Kony Survivors Recall Horrors as Trial Begins at ICC
Northern Ugandan survivors of Joseph Kony's brutal Lord's Resistance Army insurgency prepare to follow the trial from home.
Every evening, Everlyn Ayo left her village in northern Uganda, joining thousands of so-called night commuters hoping to escape the horrors of Joseph Kony and his Lord’s Resistance Army.
The messianic Kony, whose case is being heard by the International Crime Court (ICC) from Tuesday, led one of the world’s most barbaric insurgencies, massacring and mutilating tens of thousands, kidnapping children to turn them into soldiers or sexual slaves.

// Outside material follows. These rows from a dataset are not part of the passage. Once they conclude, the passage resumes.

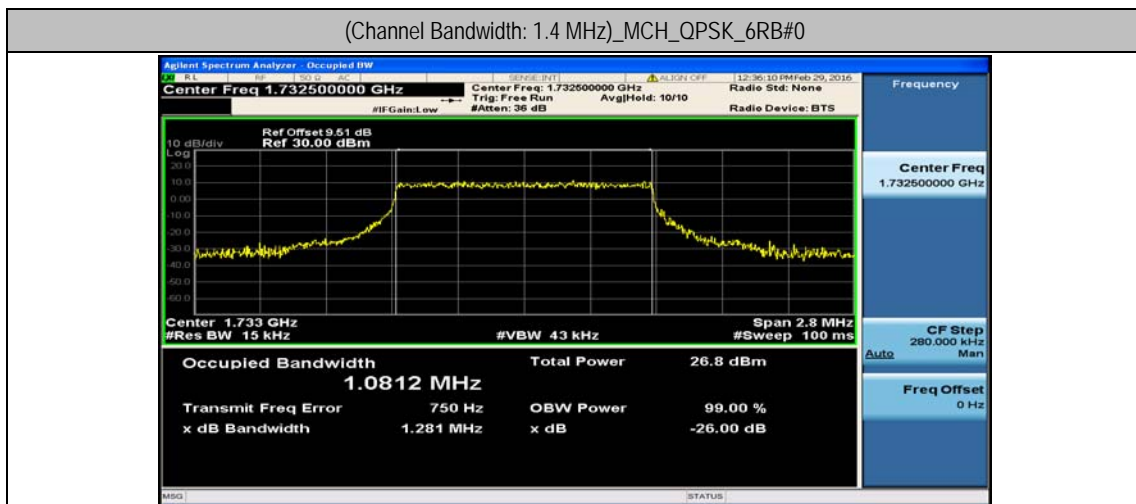

Test Graphs

Channel Bandwidth: 1.4 MHz

(Channel Bandwidth: 1.4 MHz)_LCH_16QAM_6RB#0

(Channel Bandwidth: 1.4 MHz)_MCH_16QAM_6RB#0

(Channel Bandwidth: 1.4 MHz)_HCH_16QAM_6RB#0

Channel Bandwidth: 3 MHz

(Channel Bandwidth: 3 MHz)_LCH_16QAM_15RB#0

(Channel Bandwidth: 3 MHz)_MCH_16QAM_15RB#0

(Channel Bandwidth: 3 MHz)_HCH_16QAM_15RB#0

Channel Bandwidth: 5 MHz

(Channel Bandwidth: 5 MHz)_LCH_QPSK_25RB#0

(Channel Bandwidth: 5 MHz)_MCH_QPSK_25RB#0

(Channel Bandwidth: 5 MHz)_HCH_QPSK_25RB#0

Ayo saw this brutality first-hand when Kony’s forces attacked her school in Nwoya district when she was around five years old.

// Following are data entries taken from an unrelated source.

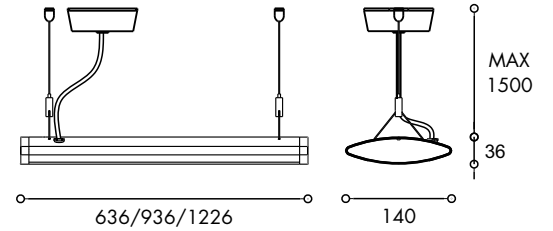

INSTRUCTION MANUAL

220-240V~
50Hz

Duct HL LED Oval
94836/94837/94838

This item contains
unchangeable LED

1325	LM
14.4	W
3000	K
>83	CRI
50000	H

94836

1988	LM
21.6	W
3000	K
>83	CRI
50000	H

94837

2783	LM
28.8	W
3000	K
>83	CRI
50000	H

94838

Overall Sizes:

Installation steps:

Watt	600-14.4W	900-21.6W	1200-28.8W
L(mm)	560	860	1150

Attention:
The fixture should be assembled and installed by registered electricians!

'The rebels raided the school, killed and cooked our teachers in big drums and we were forced to eat their remains,' she recounted from her home in Gulu.
Twenty years ago, Kony became the first person ever issued with an arrest warrant by the ICC, though his war crimes hearing will be in absentia since he has never been caught.
Ayo, now 39, will follow the case on her radio, thousands of miles from The Hague.
After her school was attacked, Ayo’s family sent her to relatives in a remote village but soon became night commuters themselves, walking around five kilometers each day through forests and jungles to stay in towns or shelters where they hoped there was less risk of being kidnapped by Kony’s forces.
'We would leave the villages at 4:00 p.m., because the distances were long and we feared the villages at night.
In the morning, we had to wait for daylight at around 8:00 am to return,' Ayo recalled.
The shelters were sporadically guarded by government troops, though they often abandoned their posts out of fear.
'We were so many children that even if you did not cover yourself at night, you did not feel cold because we were squeezed together,' she remembered.
Each morning, after walking for hours, new horrors awaited them.
'Many times on our return to the village, we would find blood-soaked dead bodies.
Seeing all that blood as a child traumatized my eyes.
For many years now, I do not see well; all I see is blood.'
Wilfred Lalobo, 60, showed AFP a monument in Lukodi for 69 people killed by Kony’s forces on May 19, 2004.
When the rebels arrived, the few government troops fled.
'Then they started killing civilians,' he said.
'Some were stabbed with bayonets, others hacked and some burned alive in their houses.'
Kony's trial will be followed closely here, particularly by those who have sought to rebuild their shattered lives.
Stella Angel Lanam was 10 when she was captured by the LRA, becoming a child soldier after being indoctrinated by the insurgents.
She spent nine years in captivity and is now the director of an initiative offering support to victims.
Lanam said the trial offered some justice for Kony's many victims.
Ayo worries that the world has too quickly forgotten the trauma inflicted by Kony’s forces.
'Joseph Kony should be punished severely in a way that the world will never forget,' she insisted.